O Rock n’ Roll seria um dos principais fenômenos juvenis da década de 50 e o seu
“impacto cultural como música popular pós-guerra sobre as pessoas jovens também iria
impor uma série de questões aos teóricos da música popular” (BENNET, 2000, p. 34). As
práticas musicais juvenis se expandiriam e tornar-se-iam práticas culturais, reorgani-
zando o modo como a juventude construía seus valores e identidades.
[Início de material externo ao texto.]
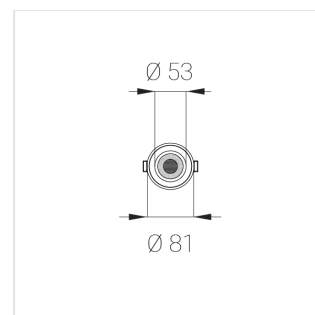

3 SDCM

Комплектация

Блок питания	1
Светильник	1

Встраиваемый светильник

Производитель оставляет за собой право вносить изменения в комплектацию светильника.

Технические характеристики

Размеры: D81x56 мм

Светильник круглой формы

Корпус: Алюминий

Источник света: LED

Класс электробезопасности: II

Степень защиты: IP20

Номинальная мощность: 10 Вт

Световой поток светильника*: 679 лм

Светоотдача*: 73 лм/Вт

Цветовая температура*: 2700 К
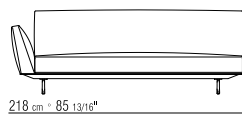

LOSE KISSEN DAUNENFÜLLUNG - SEPARAT
BESTELLBAR.

BEZÜGE ABZIEHBARE STOFF-ODER
LEDERBEZÜGE.

COD 15R65

COD 15R67

COD 15R50

COD 15R97

COD 15R99

COD 15R98
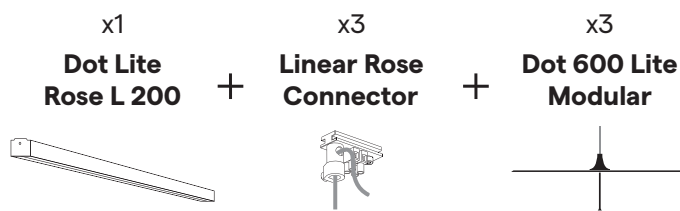

Dot 600 Lite configuration examples
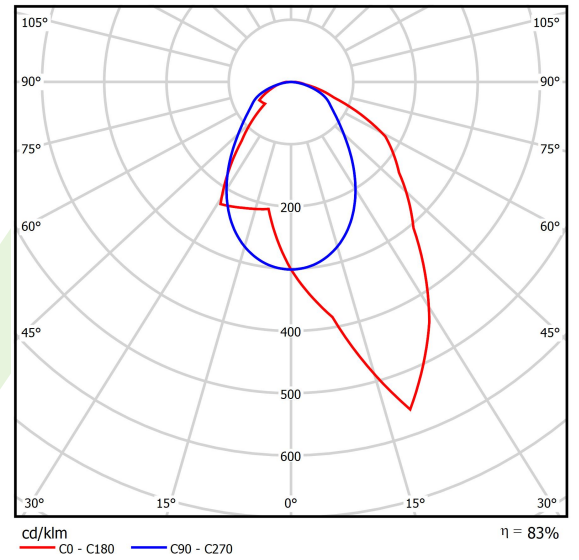

Produkt: PARALLEL LED 4000 OPTICS-ASY E 34 840 / L-1142MM

Index: 19.4101.4121.34

Beschreibung

Innenbeleuchtung. Montageart: an Aufhängebügeln. Gehäuse aus Stahlblech. Farbe - RAL 9016 (weiß). Abmessungen: 1142 x 70 x 50 mm. Abdeckung: OPTICS (Linsen). Der Wirkungsgrad des optischen Systems ist 83,46%. Abstrahlwinkel: asymmetrische Lichtverteilung. Lichtquelle: LED. Farbtemperatur 4000 K. SDCM=3. CRI>80. Lebensdauer: 60000 h L80/B10. Leuchtenlichtstrom: 3844,5 lm. Gesamtleistungsaufnahme: 26,5 W. Leuchten Lichtausbeute: 145,1 lm/W. Vorschaltgerät: Ein/Aus (E). Netzspannung 220..240 V, 50..60 Hz. Belastbarkeit der Schaltung: 22 (B10), 34 (B16), 33 (C10), 54 (C16). Umgebungstemperatur: 5 ÷ 35° C. Schutzart: IP20. Stoßfestigkeitsgrad: IK04. Schutzklasse: I. Photobiologische Risikoklasse (IEC/EN 62471): RG0.

Produktmerkmale

Kategorie	Industrieleuchten
Familie	PARALLEL LED
Name	PARALLEL LED 4000 OPTICS-ASY E 34 840 / L-1142MM
Index	19.4101.4121.34
EAN	5902107367282

Technische Daten

Lichtquelle	LED
LED-Lichtstrom [lm]	4606,4
LED-Leistung [W]	23,7
Leuchtenlichtstrom [lm]	3844,5
Gesamtleistungsaufnahme [W]	26,5
Leuchten Lichtausbeute [lm/W]	145,1
Farbtemperatur [K]	4000
CRI	>80
SDCM (LED-Quellen)	3
Abstrahlwinkel [°]	asymmetrische Lichtverteilung
Photobiologische Risikoklasse (IEC/EN 62471)	RG0
Schutzklasse	I
Schutzart	IP20
Netzspannung	220..240 V, 50..60 Hz
Lebensdauer [h]	60000
Lx/By	L80/B10
Umgebungstemperatur [°C]	5 ÷ 35
Betriebsgerät	Ein/Aus (E)
Belastbarkeit der Schaltung	22 (B10), 34 (B16), 33 (C10), 54 (C16)

Technische Daten

Montageart	an Aufhängebügeln
Leuchtenkörper	Stahlblech
Leuchtenfarbe	RAL 9016 (weiß)
Abdeckung	OPTICS (Linsen)
Stoßfestigkeitsgrad	IK04
Abmessungen [mm]	1142 x 70 x 50

Lichtverteilung

Zubehör
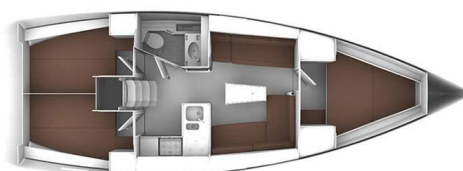

BAVARIA CRUISER 37

Lirica (2018)

Plachetnice Bavaria Cruiser 37 Lirica, rok spuštění na vodu 2018 kotví v marině ACI Marina Split, Splitský region (Chorvatsko), Chorvatsko. Počet kajut: 3, může ubytovat celkem: 6 + 1 a má toalet: 1. Povlečení a kuchyňské vybavení jsou zahrnuty v ceně.
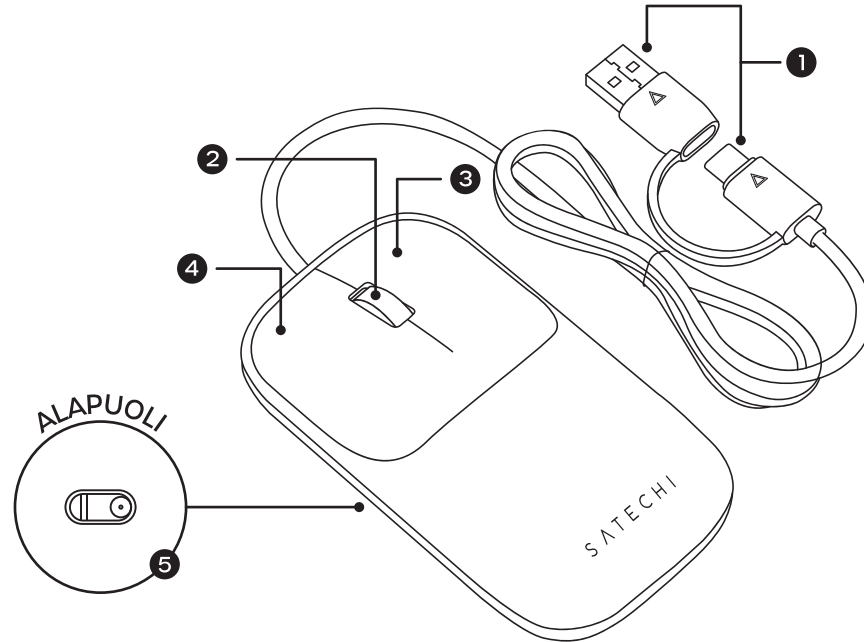

S A T E C H I

OHUT LX JOHDOLLINEN HIIRI

KÄYTTÖOHJE

SUOMI

TOIMINNOT

1. USB-C-liitin USB-C - USB-A -adapterilla
2. Vieritysrulla
3. Oikean painikkeen näppäin
4. Vasemman painikkeen näppäin
5. Optinen anturi

YHDISTÄ JA KÄYTÄ

Kytke USB-C- tai USB-A-porttiin, ja hiiri tunnistetaan laitteessa.
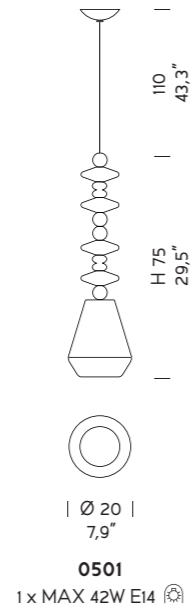

AVO
Avorio
Ivory

BIA
Bianco
White

GRY
Grigio
Grey

Sistema per composizioni multiple/ Multiple arrangements

* Rosone in cromo per composizioni multiple: comunicare il nr. di uscite da inserire nel KIT (rosone). Massimo 9 uscite.
Chrome ceiling rose for multiple arrangements: please indicate the nr. of exits to be inserted in the KIT (ceiling rose). Carries maximum 9 exits.

Como produto
cultural iminente do período pós-guerra, o Rock n’ Roll iria contribuir para uma nova
organização social da juventude, que deveria ser explorada analiticamente a fim de
compreender como os jovens se apropriavam dos produtos musicais e construíam sua
sociabilidade.
A partir da constituição do BCCCS, portanto, houve a primeira grande chance de um
estudo sistemático e profundo sobre o modo como a juventude se inseria nesse contexto
cultural pós-guerra. Os questionamentos gravitavam sobre o modo como a juventude
encarava a cultura hegemônica, sobre suas subculturas ou mesmo sobre seus estilos de
vida. Contudo, desde aquele período até as investigações mais atuais – Solomon (2005)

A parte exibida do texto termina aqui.